Jika koagulopati membaik (fibrinogen meningkat, waktu
pembekuan menurun) maka monitor ketat kerusakan dan ulangi
pemeriksaan darah untuk memonitor perbaikannya. Monitor
dilanjutkan 2x24 jam untuk mendeteksi kemungkinan koagulopati
berulang.

g. Pemberian terapi suportif dan profilaksis
Gangguan koagulopati berat: beri plasma fresh-frozen (dan
antivenin)
Perdarahan: beri tranfusi darah segar atau komponen darah,
fibrinogen, vitamin K, tranfusi trombosit
Hipotensi: beri infus cairan kristaloid
Monitor pembengkakan local dengan lilitan lengan atau anggota
badan
Gangguan neurologik: beri Neostigmin (asetilkolinesterase),
diawali dengan sulfas atropine
Beri tetanus profilaksis bila dibutuhkan. Pada pasien ini diberikan
Anti Tetanus Serum 750 IU intra muskular
Untuk mengurangi rasa nyeri berikan aspirin atau kodein, hindari
penggunaan obat obatan narkotik depresan. Pada pasien ini
diberikan Ketorolac 1 x 15 mg
Pemberian antibiotika spektrum luas. Kaman terbanyak yang
dijumpai adalah P.aerugenosa, Proteus,sp, Clostridium sp,
B.fragilis. pada pasien ini diberikan Ceftriaxon 2 x 750 mg.

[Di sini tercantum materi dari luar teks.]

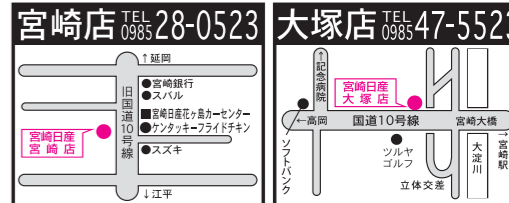

日産グリーンショップ認定販売会社

「日産グリーンショップ」3つの宣言

1. わたしたちは法律、条例、ガイドラインを厳守します。
2. わたしたちは事業活動での環境への影響を最小限にします。
3. わたしたちは品質に際してお客様と積極的に関わり、コミュニケーションします。

2月の特選車!

ROOX
ルークス
X(快適パックA付)

5台 限定

車両本体価格
1,579,600円
税抜 1,436,000円

特別価格
79,600円
値引きで

79,600円お得!

150万円(税込)

SERENA
セレナ
XV

2台 限定

車両本体価格
2,736,800円
税抜 2,488,000円

特別価格
136,800円
値引きで

136,800円お得!

260万円(税込)

MARCH
マーチ
S

3台 限定

車両本体価格
1,289,200円
税抜 1,172,000円

特別価格
89,200円
値引きで

89,200円お得!

120万円(税込)

今月のフェア特典! ご来店特典 おクルマ持込時の特典です

① ウィンドウ撥水12ヶ月

- 独自のコーティング技術と専用撥水ワイパーで、高い撥水効果が続きます。
- 雨粒が水玉となってはじけ飛び、視界良好。
- ガラスの凍結防止にも効果的です。

1BOX CAR	1BOX CAR 以外
特別価格 6,200円(税込)	特別価格 5,500円(税込)

② 静電気除去剤

室内静電気除去

専用の帯電防止剤をシートに塗布し、静電気をシャットアウトします。安全な素材でお子様にも安心。

作業時間	効果
約20分	約6ヶ月

3,300円(税込) → 2,200円(税込)

特別セット価格

※皮・人工皮革・ビニール・撥水シートは施工不可。※効果は降車時の静電気のみ。

③ お得な除菌セット

A/Cクリーンフィルタープレミアム

(におい・アレルギー対応・ビタミンC放出タイプ)

- においPM2.5のブロック、ビタミンCの放出で、肌にうるおいを与えます
- 抗ウイルス剤により、フィルターで捕捉した菌・ウイルスの活動を抑制

+ 車両用クレベリン

(車室内除菌)

- 車室内やシートに付着したウイルスや菌を除去
- ウイルスや菌が気になる季節は定期的な施工で車室内をリセットし快適に!

1BOX CAR	1BOX CAR 以外
11,550円(税込) → 9,500円(税込)	9,900円(税込) → 7,900円(税込)

特別セット価格

車検・点検などのサービス入庫については、事前にご予約をお願いいたします

プロパイロットは高速道路や自動車専用道路で使用してください。プロパイロットはドライバーの運転操作を支援するためのシステムであり、自動運転システムではありません。安全運転をおこなう責任はドライバーにあります。■わき見運転やぼんやり運転などの前方不注意および雨・霧などの視界不良による危険を回避するものではありません。先行車との車間距離、車線内の位置、周囲の状況に応じてアクセル、ブレーキ、ハンドルを操作する必要があります。■プロパイロットの操作方法や重要な注意事項などが記載されていますので、ご使用前に必ず取扱説明書をお読みください。

*安全装備はドライバーの安全運転を補助するものであり、あらゆる状況での衝突を回避するものではありません。システムの能力には限界があり、状況によっては作動しないことがありますので、システムだけに頼った運転はせず、天候や路面状況に合わせた運転、周囲の車両・歩行者の確認、十分な車間距離の確保など、安全運転を心がけてください。先進技術・機能の設定条件は、車種・グレードにより異なります。作動には一定の条件があります。機能の詳細は、取扱説明書をご確認ください。*一部、仕様・グレード・カラーについては、生産上の都合でご利用できない場合がございます。詳しくはお客様へお問い合わせください。*価格には保険料、税金(消費税を除く)、登録(届出)等に付する費用、オプション代、特別塗装色は含まれておりません。別途申し受けます。*リサイクル料金が別途必要となります。*価格にはメーカーオプションは含まれておりません。<エコノミー減税について>【適用期間】自動車登録年:2021年4月までの登録(届出)車。車種・グレード・車両重量、オプション装着等によって減税措置の適用内容が異なります。<環境性能について>【適用期間】2019年10月1日から2021年3月31日までの登録(届出)車。車両の取得価格および環境性能によって課税額が異なります。環境性能の金額は自動車登録(届出)の場合の課税額となります。詳しくはカーライフアドバイザーにお問い合わせください。<自動車税(特別)・軽自動車税(特別)について>【適用期間】自動車税(特別):2021年3月までの登録車、軽自動車税(特別):2021年3月までの登録車(それぞれ登録/届出)年度から1年間適用。自動車税(特別)・軽自動車税(特別)の表示は自家用の場合です。減税額については翌年度の支払いとなります。登録車は、購入時に減税額の月額でお支払いいただきます。車種・グレード・排気量等によって減税措置の適用内容が異なります。

Pemberian anti piretik untuk menurunkan demam pada pasien
akibat dari reaksi inflamasi. Pada pasien ini diberikan Paracetamol
3 x 250 mg.

h. Rehabilitasi
Pemulihan fungsi normal di bagian digigit harus diawasi. Fisioterapi
konvensional dapat mempercepat proses ini.